Competitive Edge Avis Budget holds a solid competitive position with a well‑known brand family (Avis, Budget, and Zipcar) and a large global footprint. Its scale provides purchasing power with automakers, broad airport and neighborhood coverage, and the ability to serve both premium and value‑oriented customers, as well as urban car‑sharing users. At the same time, it faces intense competition not just from traditional rivals like Hertz and Enterprise, but also from ride‑sharing platforms, peer‑to‑peer car‑sharing, and changing attitudes toward car ownership. The company’s brand strength and network are meaningful advantages, but they must constantly be defended through service quality, pricing discipline, and digital convenience.


Innovation and R&D

Innovation and R&D Avis Budget is pushing hard on digital and mobility innovation rather than traditional lab‑style R&D. Key efforts include connected cars that feed real‑time data for better fleet management, AI‑driven demand forecasting, and a mobile‑first rental experience that reduces friction at the counter.
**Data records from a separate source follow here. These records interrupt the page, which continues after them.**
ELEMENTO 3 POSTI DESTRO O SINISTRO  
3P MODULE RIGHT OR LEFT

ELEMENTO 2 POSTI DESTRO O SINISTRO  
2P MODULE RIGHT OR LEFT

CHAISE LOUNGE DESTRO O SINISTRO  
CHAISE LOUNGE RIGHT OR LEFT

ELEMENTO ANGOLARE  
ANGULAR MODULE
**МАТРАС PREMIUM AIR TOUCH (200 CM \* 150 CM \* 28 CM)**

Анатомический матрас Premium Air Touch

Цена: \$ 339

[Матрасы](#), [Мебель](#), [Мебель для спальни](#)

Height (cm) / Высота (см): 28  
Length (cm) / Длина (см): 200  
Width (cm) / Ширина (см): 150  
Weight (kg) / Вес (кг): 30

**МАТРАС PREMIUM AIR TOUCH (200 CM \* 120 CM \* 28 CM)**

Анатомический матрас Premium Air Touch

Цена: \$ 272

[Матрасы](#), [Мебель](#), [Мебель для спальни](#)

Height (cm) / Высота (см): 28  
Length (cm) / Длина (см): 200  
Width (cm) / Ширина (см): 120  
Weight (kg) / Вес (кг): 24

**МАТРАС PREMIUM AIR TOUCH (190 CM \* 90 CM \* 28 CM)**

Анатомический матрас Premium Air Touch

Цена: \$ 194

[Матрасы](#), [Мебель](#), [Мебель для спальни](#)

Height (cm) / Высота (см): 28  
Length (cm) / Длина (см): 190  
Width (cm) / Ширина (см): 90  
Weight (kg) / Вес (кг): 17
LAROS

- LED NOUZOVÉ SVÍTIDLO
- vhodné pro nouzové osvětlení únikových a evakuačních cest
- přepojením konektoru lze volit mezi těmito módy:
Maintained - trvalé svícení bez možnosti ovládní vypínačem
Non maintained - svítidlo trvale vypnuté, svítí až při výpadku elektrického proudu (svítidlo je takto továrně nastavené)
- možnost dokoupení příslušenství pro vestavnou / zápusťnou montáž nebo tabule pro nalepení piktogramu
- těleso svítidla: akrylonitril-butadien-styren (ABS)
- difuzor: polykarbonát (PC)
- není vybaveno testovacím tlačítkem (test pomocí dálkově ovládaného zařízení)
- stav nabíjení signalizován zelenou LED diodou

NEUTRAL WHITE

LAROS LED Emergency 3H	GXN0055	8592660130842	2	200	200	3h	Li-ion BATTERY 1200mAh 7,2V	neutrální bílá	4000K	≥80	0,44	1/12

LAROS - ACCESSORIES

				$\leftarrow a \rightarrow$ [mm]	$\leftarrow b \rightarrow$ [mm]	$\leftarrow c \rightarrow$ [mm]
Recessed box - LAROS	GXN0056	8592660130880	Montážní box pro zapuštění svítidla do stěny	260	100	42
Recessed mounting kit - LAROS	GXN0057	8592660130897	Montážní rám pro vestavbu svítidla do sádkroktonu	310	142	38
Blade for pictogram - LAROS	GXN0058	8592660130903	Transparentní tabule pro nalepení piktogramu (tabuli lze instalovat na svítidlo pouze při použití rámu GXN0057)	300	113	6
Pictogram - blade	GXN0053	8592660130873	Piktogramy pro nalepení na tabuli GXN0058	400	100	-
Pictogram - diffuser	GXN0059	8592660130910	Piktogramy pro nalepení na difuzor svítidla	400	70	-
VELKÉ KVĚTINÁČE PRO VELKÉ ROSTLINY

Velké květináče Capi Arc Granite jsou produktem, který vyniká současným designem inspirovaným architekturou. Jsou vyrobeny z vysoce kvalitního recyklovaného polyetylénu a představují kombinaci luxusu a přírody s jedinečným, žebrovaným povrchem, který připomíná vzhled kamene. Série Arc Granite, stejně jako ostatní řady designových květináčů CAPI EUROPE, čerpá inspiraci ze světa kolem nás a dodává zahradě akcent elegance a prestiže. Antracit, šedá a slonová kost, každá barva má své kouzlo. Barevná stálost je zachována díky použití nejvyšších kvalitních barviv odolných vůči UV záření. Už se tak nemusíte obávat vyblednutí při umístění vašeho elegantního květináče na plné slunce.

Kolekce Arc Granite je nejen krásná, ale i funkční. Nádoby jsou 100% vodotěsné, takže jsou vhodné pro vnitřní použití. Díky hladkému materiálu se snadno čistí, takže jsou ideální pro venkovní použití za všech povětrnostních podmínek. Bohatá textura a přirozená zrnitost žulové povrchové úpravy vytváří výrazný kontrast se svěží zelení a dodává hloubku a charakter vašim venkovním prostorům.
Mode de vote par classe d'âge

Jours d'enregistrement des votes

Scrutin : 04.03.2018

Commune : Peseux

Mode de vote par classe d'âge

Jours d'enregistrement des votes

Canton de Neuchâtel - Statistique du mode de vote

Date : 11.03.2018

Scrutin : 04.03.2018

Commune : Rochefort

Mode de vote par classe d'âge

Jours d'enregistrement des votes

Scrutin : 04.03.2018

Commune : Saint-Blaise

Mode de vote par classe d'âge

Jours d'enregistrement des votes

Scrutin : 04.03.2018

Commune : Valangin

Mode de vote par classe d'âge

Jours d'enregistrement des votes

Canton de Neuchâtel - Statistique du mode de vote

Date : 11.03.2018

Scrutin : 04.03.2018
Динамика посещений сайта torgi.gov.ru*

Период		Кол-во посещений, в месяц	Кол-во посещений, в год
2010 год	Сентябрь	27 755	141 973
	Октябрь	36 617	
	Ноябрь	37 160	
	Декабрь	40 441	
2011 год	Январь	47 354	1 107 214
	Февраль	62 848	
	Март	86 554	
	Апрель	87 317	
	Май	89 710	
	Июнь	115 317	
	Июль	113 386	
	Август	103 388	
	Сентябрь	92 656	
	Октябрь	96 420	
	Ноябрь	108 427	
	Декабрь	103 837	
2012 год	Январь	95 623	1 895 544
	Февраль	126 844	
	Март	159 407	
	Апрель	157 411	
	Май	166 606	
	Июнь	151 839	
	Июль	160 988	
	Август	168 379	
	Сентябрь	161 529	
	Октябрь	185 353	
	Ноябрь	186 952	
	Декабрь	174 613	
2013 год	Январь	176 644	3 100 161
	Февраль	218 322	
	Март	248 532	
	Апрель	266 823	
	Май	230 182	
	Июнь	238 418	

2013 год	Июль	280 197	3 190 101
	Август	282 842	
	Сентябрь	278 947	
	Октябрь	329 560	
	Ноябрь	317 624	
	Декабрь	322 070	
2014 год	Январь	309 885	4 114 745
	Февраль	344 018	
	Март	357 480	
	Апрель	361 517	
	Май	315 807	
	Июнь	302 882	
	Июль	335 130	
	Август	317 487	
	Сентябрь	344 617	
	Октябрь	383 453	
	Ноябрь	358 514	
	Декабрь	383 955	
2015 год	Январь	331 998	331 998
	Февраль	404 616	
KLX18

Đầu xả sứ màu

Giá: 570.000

The shift of core systems to the cloud should make it faster to roll out new services and integrate partners. Differentiated offerings like Avis First (premium concierge rental), Zipcar’s membership‑based car‑sharing model, early moves into electric vehicle rentals and charging partnerships, and fleet management relationships with autonomous players like Waymo show a willingness to experiment at the edges of the business model. The main question is execution: whether these initiatives can translate into consistently better customer experiences, higher pricing power, and more stable earnings over time.


Summary

Avis Budget today looks like a mature, scale player in a structurally changing industry: operationally capable and innovative, but financially leveraged and exposed to cycles. The core rental business still produces healthy operating cash, yet profits have become more uneven and the company is carrying a sizable debt load supported by a large fleet. Strategic moves in connected vehicles, digital experiences, EVs, and autonomous partnerships could strengthen its long‑term relevance and help defend pricing, but they will play out over several years and come with execution risk. Overall, this is a story of a strong brand and network trying to navigate a capital‑intensive model through shifting mobility trends while balancing aggressive investment with a stretched balance sheet.